Maybe it’s the cheeky sign exclaiming “bienvenidos y’all” at the front of the restaurant, but Goode Co. Kitchen & Cantina feels like an effortless Tex-Mex blend. The Heights joint has some of the strongest margaritas on the Northside, guacamole served plain or dressed up with pickled onions and jalepeño, sizzling skirt steak fajitas, and crispy tortilla chips. Come for the cozy and proudly rustic energy that screams Texas ranch, and stay for the queso-smothered enchiladas.

Taqueria Del Sol is a restaurant inside of a rainbow. The kaleidoscope of colors, from the bright orange walls to the murals inlaid in every table to the different streamers and garlands strewn across the ceiling, make you feel like celebrating something, even if it’s just getting a simple plate of tacos for dinner. This family-run Tex-Mex and Mexican restaurant in the Greater East End has been a pillar of the community for over three decades. Grab breakfast tacos in the morning for less than $2, conchas from the panaderia, or share some carne asada at night with the family. You can also rent the banquet hall for a queso-fueled party.

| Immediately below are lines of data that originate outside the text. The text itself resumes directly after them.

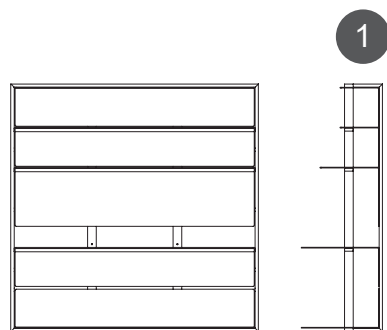

Exemples de configuration

1
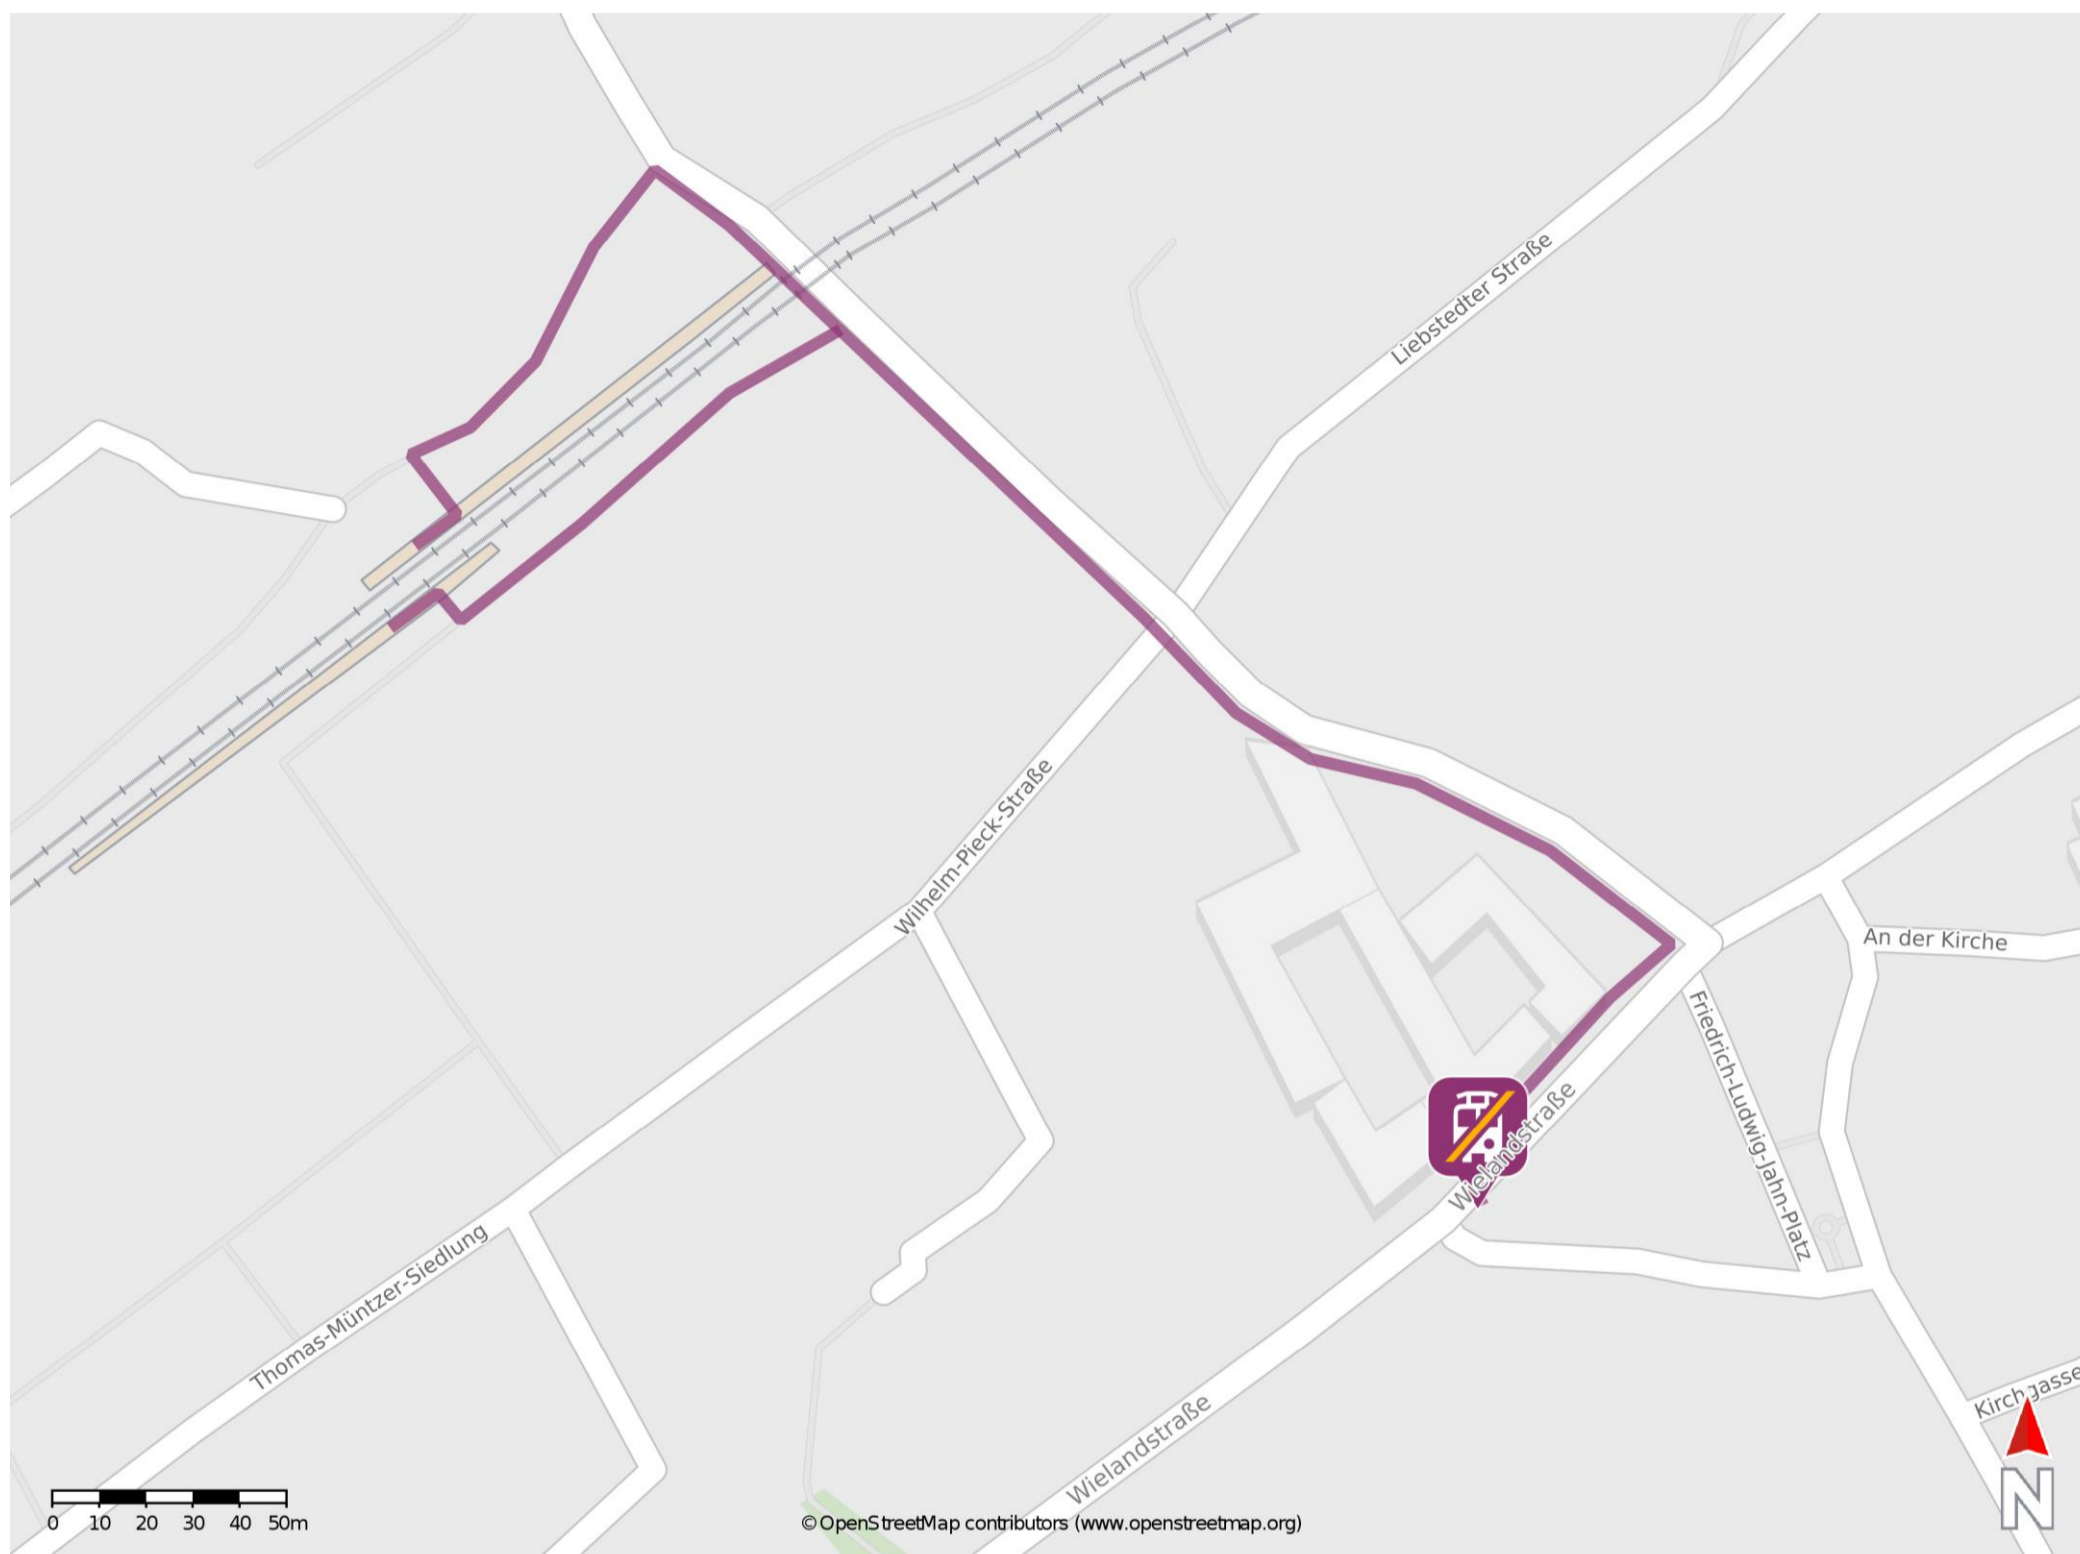

Oßmannstedt

Wegbeschreibung Schienenersatzverkehr *

Verlassen Sie den Bahnsteig und begeben Sie sich an die Liebstedter Straße. Biegen Sie nach rechts ab und folgen Sie dem Straßenverlauf bis zur Wielandstraße. Biegen Sie nach rechts ab und folgen Sie dem Straßenverlauf bis zur Ersatzhaltestelle. Die Ersatzhaltestelle befindet sich an der Bushaltestelle Oßmannstedt, Wielandstraße.

* Fahrradmitnahme im Schienenersatzverkehr nur begrenzt möglich.
Im QR Code sind die Koordinaten der Ersatzhaltestelle hinterlegt.

— barrierefrei
— nicht barrierefrei

The original location of El Tiempo in Upper Kirby is a great reminder to fear your successors. Started by the son of Mama Ninfa (of Ninfa’s on Navigation), El Tiempo has been a Tex-Mex institution for 25 years. And the Houstonian debate about which spot is better has raged on for about the same amount of time. While these two family-run restaurants are strikingly similar (family relics line the walls, high archways, and wooden tables ready for the hottest of enchilada plates), at El Tiempo there’s all the fun and food of Ninfa’s but you can hear your own thoughts, even when it’s busy. And only El Tiempo serves smoking hot carnitas served over a bed of coals. Let them sizzle while the table knocks back pitcher-after-pitcher of house margaritas and bowls of queso. 

The aroma of handmade flour and corn tortillas welcomes you at the entrance of El Mirador, a low-key Mexican diner in Magnolia Park. The piping hot tortillas, along with an all-day breakfast menu, make this spot an East End beacon—hence the recurring lighthouse motif. The interior feels like someone patchworked together a Tex-Mex restaurant, a mid-century soda fountain counter, and a grandma’s seaside cottage. But everything starts to make sense when you pull a tortilla through jammy huevos divorciados or dip into a bowl of homestyle menudo. It may be eclectic, but the simple food is all the light you need.

Tony’s Mexican Restaurant in Garden Oaks keeps recipes super classic, like their ground beef enchiladas. Their greatest hit is the peppery al carbon mini street tacos that magically melt into the flour tortillas. And most importantly, the frozen margaritas here taste like candy and happiness. This no-frills spot has been open since the ‘90s, is filled with longtime regulars, and at least one of them will be at least one group celebrating a birthday at any given time. But even on your first visit here, the formally dressed staff wastes no time making you feel welcome, like you’ve been coming here since they first opened their doors.

At Candente, a Tex-Mex restaurant in Montrose, there are hits and misses, but with the right combination plate or some sizzling fajitas, a meal here can be a good time. The dining room has some industrial/diner vibes, but the breezy patio feels like a modern lunch spot that’s fitting of the artsy neighborhood. While there are some traditional Mexican dishes at Candente, you should stick to Tex-Mex pillars here, like skirt steak fajitas, brisket enchiladas, and frozen margaritas.

Not much has changed about Mi Sombrero since it opened in 1978, and we’re kind of into that. The rough-around-the-edges interior is part of the charm, as are the rock-bottom prices. You’ll find all the classic Tex-Mex standards here: actually spicy salsa, multiple dishes covered in hot queso, employees who know every regular diner’s order by heart, and an endlessly convertible dining room in case you roll up with more than 10 people. Go to Mi Sombrero if you’re looking for classic, quick and dirty, Houston Tex-Mex, especially if you live around the Garden Oaks area.